Data records:

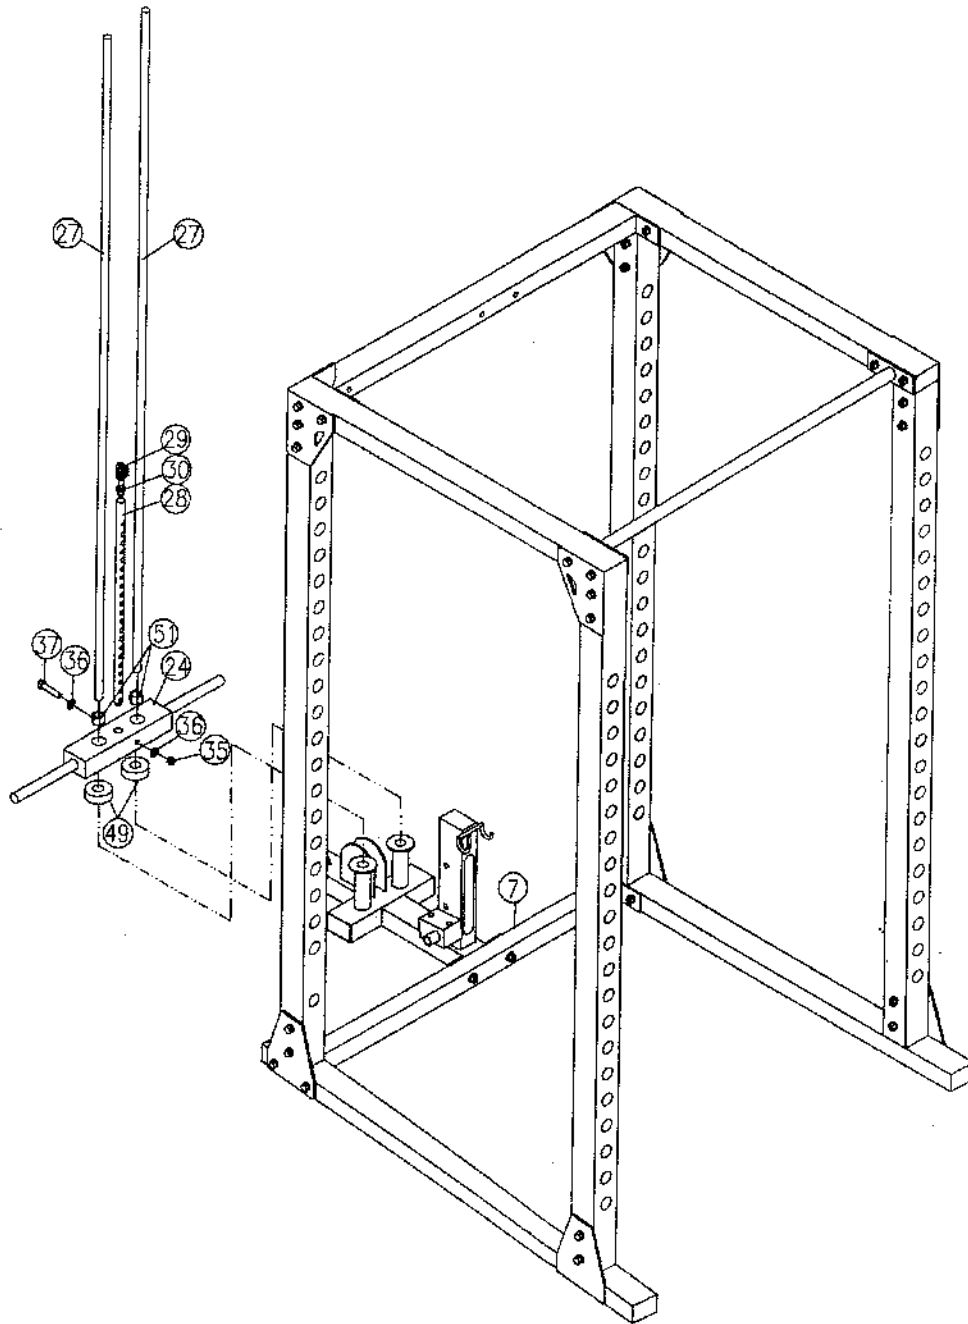

USER'S MANUAL

GLA378

GLA378 EXPLODED DIAGRAM

GLA378 PART LIST

NO.	NAMES	QTY.
12	HEX HEAD BOLT 1/2" x 4" PARTIAL THREAD	4
15	1/2" WASHER	8
16	END CAP 2" x 3"	6
18	LOW ROW BAR	2
19	TOP FRAME	1
20	BOTTOM FRAME	1
21	LAT PULLDOWN BAR	1
22	CABLE 117"	1
23	CABLE 142"	1
24	TOP PLATE WITH WEIGHT HORNS	1
25	FOOT BRACE	1
26	PULLEY PLATE	2
27	GUIDE ROD	2
28	SELECTOR ROD	1
29	SELECTOR ROD TOP BOLT 1/2"x 2"	1
30	1/2" JAM NUT	1
31	HEX HEAD BOLT 3/8" x 3/4" FULL THREAD	2
32	HEX HEAD BOLT 3/8" x 2" FULL THREAD	4
33	HEX HEAD BOLT 3/8" x 3" FULL THREAD	2
34	HEX HEAD BOLT 3/8" x 3 3/4" FULL THREAD	2
35	3/8" NYLON LOCK NUT	9
36	3/8" WASHER	12
37	HEX HEAD BOLT 3/8" x 3 1/2" PART. THREAD	1
38	LAT BAR PAD	1
39	RUBBER GRIP	2
40	RUBBER GRIP	2
41	RUBBER COVER	2
42	RUBBER COVER	2
43	WEIGHT STACK PIN	1
44	T-SHAPPED POP PIN	1
45	CABLE END SHAFT	1
46	3/8" PULLEY SPACER	8
47	SNAP LINK	3
48	ROUND END CAP	4
49	RUBBER DONUT	2
50	SHAFT COLLAR	4
51	TOP PLATE INSERT	2
52	PULLEY	8
53	END CAP 2" x 2"	1
54	ROUND END CAP	2
55	ALLEN SCREW 5/16" x 5/16"	2
56	CHAIN	1

STEP 1

STEP 2

STEP 3
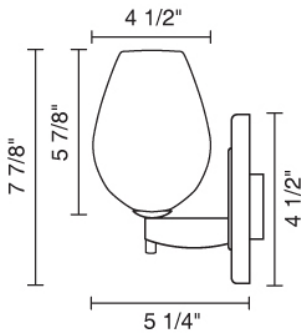

Job Name:

Contact:

Fixture Type:

Part Number:

BOLERO LED SCONCE

Description:

Bolero glass is a free-blown glass that receives its shape directly out of the furnace. This Artisan process, executed by only Master Glass Blowers, guarantees each piece is one of a kind. The Bolero wall sconce comes with a 3 Watt LED that may be mounted as an up-light or a down light. The metal canopy and stem is available in bronze, polished chrome, and matte chrome plating. 3 Watt LED and driver is included.

* _WHAT IS BEING ASKED_
Wherever a line in the data above holds "PLATE", copy that line.

* _COMPLETED TASK_
24	TOP PLATE WITH WEIGHT HORNS	1
26	PULLEY PLATE	2
51	TOP PLATE INSERT	2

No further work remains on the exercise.